Data extract: Begin
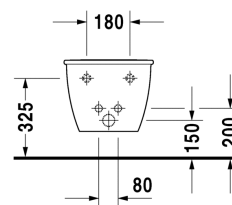

Darling New Биде подвесное # 2249150000

| < 370 мм > |

Биде подвесное	Размеры	Вес	Номер заказа
с переливом, с плоскостью под смеситель, вкл. крепление Durafix			
Цвета			
00 Белый Alpin			
Вариант			
	370 x 540 мм	20,500 кг	2249150000
Справка			
Крепление Durafix для скрытого монтажа включено в поставку, Vorwandelement für Installation erforderlich			
Сантехническая керамика со специальным покрытием WonderGliss остается чистой и красивой в течение долгого времени. При заказе WonderGliss добавьте "1" на 11-м месте в артикуле модели.			
Принадлежности			
Опорная рама для встраивания (расстояние 180 мм). подходит для сплошных стен, для подвесного биде и подвесного унитаза			695200
Крепление для подвесного биде и подвесного унитаза	Ø 12 x 180 мм	0,200 кг	006500

Все чертежи содержат необходимые размеры с соблюдением стандартных допусков. Они указаны в мм и не являются обязательными. Точные размеры, в частности для монтажа по индивидуальному заказу, можно получить только по готовому изделию.
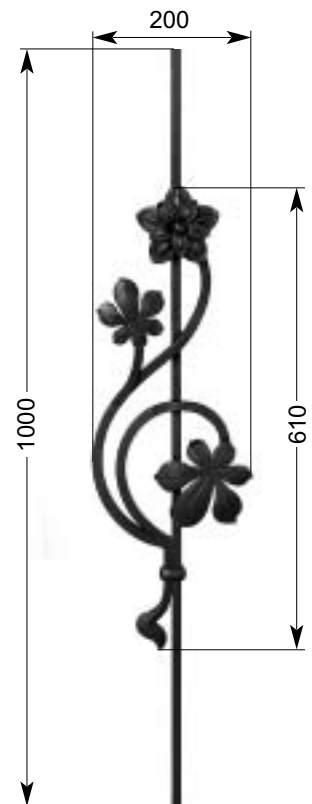

36 223
2,90 kg
□ 12 x 12 mm
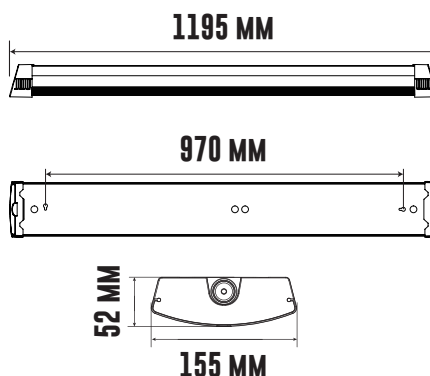

L25-1200S

ANTAL ARMATURER PER SÄKRING

B10	C10	B16	C16
20	20	32	32

PRODUKTEN INNEHÅLLER LJUSKÄLLA
MED ENERGIMÄRKNING KLASS C.

⚠ SÄKERHET:

1. 1 Läs igenom hela manualen noggrant före installation.
2. 2 Försäkra dig om att spänningen är frånslagen före installation eller underhåll.
3. 3 Installation ska utföras av behörig elektriker.
4. 4 Ljuskälla och driver är utbytbara av behörig elektriker.

⚠ SAFETY:

1. 1 Read the entire manual carefully before installation.
2. 2 Make sure that the voltage is switched off before installation or maintenance.
3. 3 Installation must be performed by a qualified electrician.
4. 4 Light source and driver are replaceable by a qualified electrician.

1.900K	2.700- 3.000K	4.000- 4.500K	4.800K	5.000- 5.000K	7.000- 7.500K	10.000K
STEARINLJUS CANDLE	VARMVIT WARM WHITE	NATURLIG VIT NATURAL WHITE	SOLLJUS DIRECT SUN	VITT DAGSLJUS DAY WHITE	KALLVIT COOL WHITE	BLÅ HIMMEL BLUE SKY

DESIGNLIGHT
SCANDINAVIAN AB

DESIGNLIGHT SCANDINAVIAN AB · TOFFELVÄGEN 1 · 342 60 MOHEDA

KUNDCENTER: TELEFON 0472-716 10 · FAX 0472-716 09 · INFO@DESIGNLIGHT.NU · WWW.DESIGNLIGHT.NU
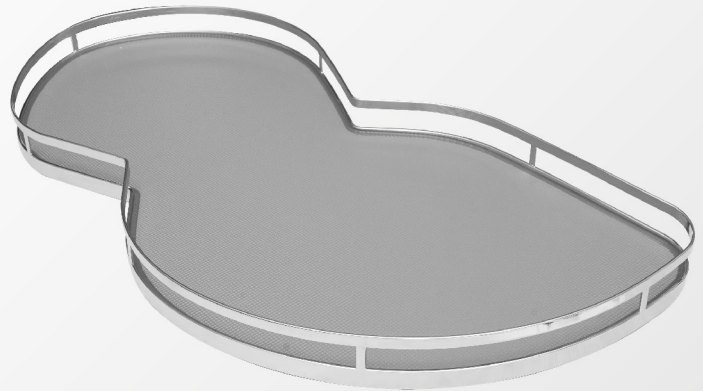

RAK SUDUT

Type	Kabinet	Ukuran	Lebar Kabinet (Dalam)
TMB SUDUT 180 (R,L)	900-1000	490x830x(600-750)	865 mm
Data extract: End
● About this task:
Copy exactly the lines from the first line of the records above through the line with "Опорная рама для", both included, and nothing else. Pictures stay out.

● Final answer:
Darling New Биде подвесное # 2249150000

| < 370 мм > |

Биде подвесное	Размеры	Вес	Номер заказа
с переливом, с плоскостью под смеситель, вкл. крепление Durafix			
Цвета			
00 Белый Alpin			
Вариант			
	370 x 540 мм	20,500 кг	2249150000
Справка			
Крепление Durafix для скрытого монтажа включено в поставку, Vorwandelement für Installation erforderlich			
Сантехническая керамика со специальным покрытием WonderGliss остается чистой и красивой в течение долгого времени. При заказе WonderGliss добавьте "1" на 11-м месте в артикуле модели.			
Принадлежности			
Опорная рама для встраивания (расстояние 180 мм). подходит для сплошных стен, для подвесного биде и подвесного унитаза			695200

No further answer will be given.